### Exercise aim
Repeat each entry exactly; omit all pictures.

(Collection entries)
= Beginning of Section =

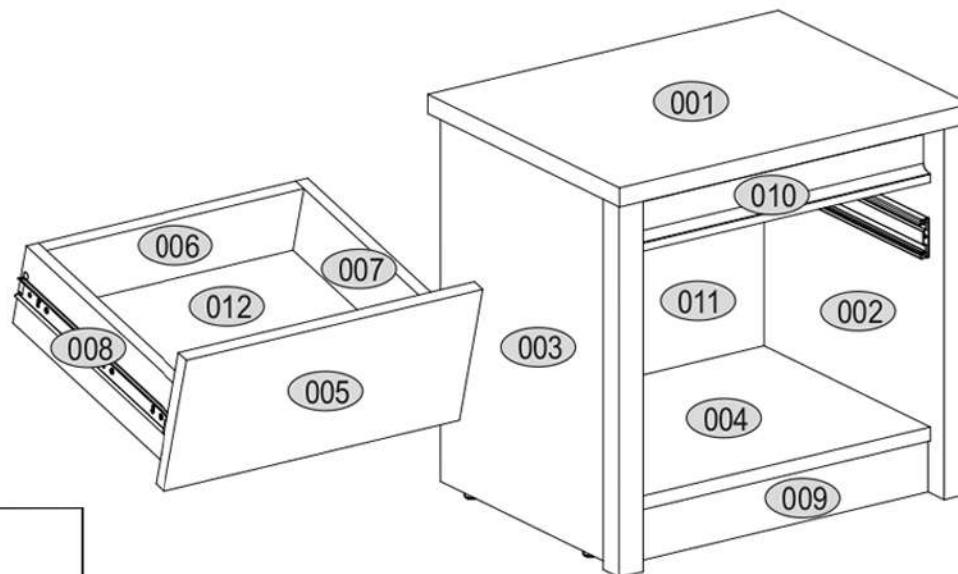

ERODIN 1S

x2 e1 Ø 7x50mm 	x2 s2 	x4 k1 
x18 f1 Ø 8x30mm 	x12 r1 Ø 15x12mm 	x12 r16 
x1 z1 	x1 lb-L300 	x12 p25 Ø 3,5x16mm 

KÓD	ROZMĚR			BALÍČEK	
001	464	362	22	1	1/1
002	428	360	16/32	1	1/1
003	428	360	16/32	1	1/1
004	398	334	16	1	1/1
005	392	170	16	1	1/1
006	342	100	16	1	1/1
007	300	100	16	1	1/1
008	300	100	16	1	1/1
009	398	60	16	1	1/1
010	398	70	30	1	1/1
011	370	416	3	1	1/1
012	360	302	3	1	1/1
PRÍSLUŠENSTVÍ				1	1/1

= End of Section =

### Answer section
ERODIN 1S

x2 e1 Ø 7x50mm 	x2 s2 	x4 k1 
x18 f1 Ø 8x30mm 	x12 r1 Ø 15x12mm 	x12 r16 
x1 z1 	x1 lb-L300 	x12 p25 Ø 3,5x16mm 

KÓD	ROZMĚR			BALÍČEK	
001	464	362	22	1	1/1
002	428	360	16/32	1	1/1
003	428	360	16/32	1	1/1
004	398	334	16	1	1/1
005	392	170	16	1	1/1
006	342	100	16	1	1/1
007	300	100	16	1	1/1
008	300	100	16	1	1/1
009	398	60	16	1	1/1
010	398	70	30	1	1/1
011	370	416	3	1	1/1
012	360	302	3	1	1/1
PRÍSLUŠENSTVÍ				1	1/1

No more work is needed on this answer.